Concatenate corresponding lines from two files

Jeff Caldwell

Lets say I have two txt files. I want to concatenate the corresponding lines from one into another, how can this be automated in Notepadd++

Example

File1:

word1
word2
word3
etc…

File2:
2243
2314
4231
3241

And end up with either a new file or the first file containing

word12243
word22314
word44231
word53241

I’ve tried using column editing but no all the lines are the same length so it doesnt seem to work for me.

Thanks.

Jeff Caldwell

And I found a solution online but cant delete my post so if anyone is looking https://www.gillmeister-software.com/online-tools/text/merge-lists-line-by-line.aspx

guy038

Hello, @jeff-caldwell and All,

Regex updated and section remark added, on 08/22/2017 - 11.07am ( French TZ )

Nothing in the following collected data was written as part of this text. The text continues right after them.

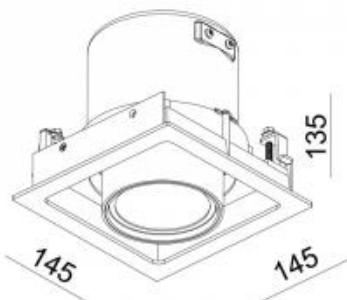

● 633-BB36

○ 633-WB36

◐ 633-BG36

Beam angle: 18° 32°

LED Color: 2700K 3000K 4000K

LED power: 27,3W

Lamp Power: 30W 800mA

CRI: 80

Lamp Lumen: 3810lm

Location: Interior

Fixation: Ceiling

Installation: Recessed

Product dimension: 145x145x135mm

Cut hole size: 132x132mm

Input: 220-240V 50\60Hz

IP: 20

Class: I

DIM Option: ON/OFF DALI TRIAC DTW

<https://www.uni-luce.com>

+39 339 505 5880

info@uni-luce.com

Via Monselice, 26, 20832 Desio

MB, Italy

The ROLLER is a lighting system, with the full flexibility of installation. A black minimalistic box could contain one or two heads. These ROLLER modules can remain encapsulated in the ceiling, or emerge in its entirety and be tilted 90° while rotate 355°, allowing focused illumination in one swift move. The black background inside the cove creates an illusion of unendingness around the light spots, enforcing the fully integrated architectural lighting concept. A range of light refining accessories are available to guarantee optimal optic performance and maximum eye comfort.
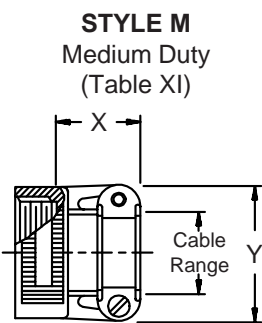

**STYLE 2
 (STRAIGHT
 See Note 1)**

**STYLE 2
 (45° & 90°
 See Note 1)**

-445 Now Available with the "NESTOR"
 Glenair's Non-Detent, Spring-Loaded, Self-Locking Coupling. Add "-445" to Specify This AS85049 Style "N" Coupling Interface.
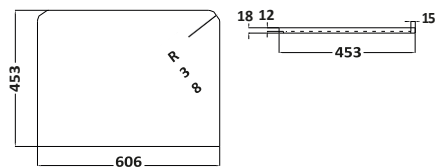

Combined £577.00

Matt Grey

600w x 500h x 450d

BELLA-600WALLCAB-MATTGREY
600mm Wall Cabinet £455.00

BELLA-COUNTERTOP-600-GWTE
600mm Gloss Top £122.00

Combined £577.00

Indigo Blue

600w x 500h x 450d
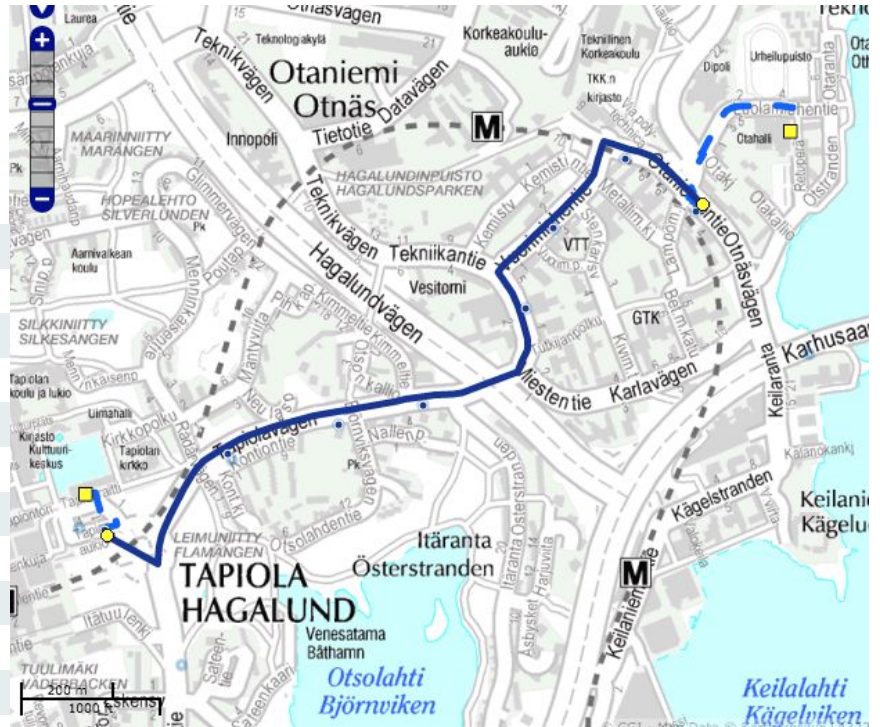

How to go from Tapiola Garden Hotel to the Venue Otahalli, Otaranta 6

Local Bus #195

From **Tapionaukio stop 8** (3,20 eur)

Saturday

Sunday

06.23	14.54	07.43
06.53	15.18	08.19
07.23	15.43	08.54
07.54	16.08	09.30
08.25	16.33	10.06
08.56	16.58	10.41
09.27	17.23	11.17
09.52	17.48	11.53
10.17	18.13	12.29
10.42	18.38	13.04
11.08	19.03	13.39
11.33	19.32	14.14
11.58	20.02	
12.23	20.31	
12.49	21.00	
13.14	21.30	
13.39	21.59	
14.04	22.29	
14.29	22.59	

**Walking
(27 minutes):**

**PLEASE NOTE REGARDING
SCHEDULE !**

Men's pools on Saturday at 9:30

**Women's pools on Saturday
already at 11:30 am**

Shuttle bus service from Tapiola Sokos Hotel to the Venue, Otahalli by small busses:

- first bus on Saturday and Sunday at 7:20 (every 15-20 minutes)

Of course, Jeff, your on-line tool, to merge two lists, with same number of elements, works fine !

But, as I’m “mad” about regular expressions, I just tried, as an holiday’s exercise ( Indeed, I’m on holidays ! ) to find out a way to merge two identical lists, with a regex Search/Replacement

We’ll just need to extra symbols, which are not found in your two original lists. I chose the # and @ symbols

So, for instance, copy/paste the list of the 20 most common family names, in United Kingdom, below, in a new tab :

Smith
Jones
Taylor
Brown
Williams
Wilson
Johnson
Davies
Robinson
Wright
Thompson
Evans
Walker
White
Roberts
Green
Hall
Wood
Jackson
Clarke

And copy/paste the list of the 20 most common given names ( 10 male / 10 female ), in United Kingdom, after the first list and possible blank lines :

Oliver
Amelia
Jack
Olivia
Harry
Emily
George
Isla
Charlie
Ava
Jacob
Jessica
Thomas
Ella
Noah
Isabella
William
Poppy
Oscar
Mia

We, first, add :

A # symbol, in front of any line, containing a family name
A @ symbol, in front of any line, containing a given name

NOTE : This may be done, using the N++ column mode feature OR the simple regex ( SEARCH ^ and REPLACE # ( or @ )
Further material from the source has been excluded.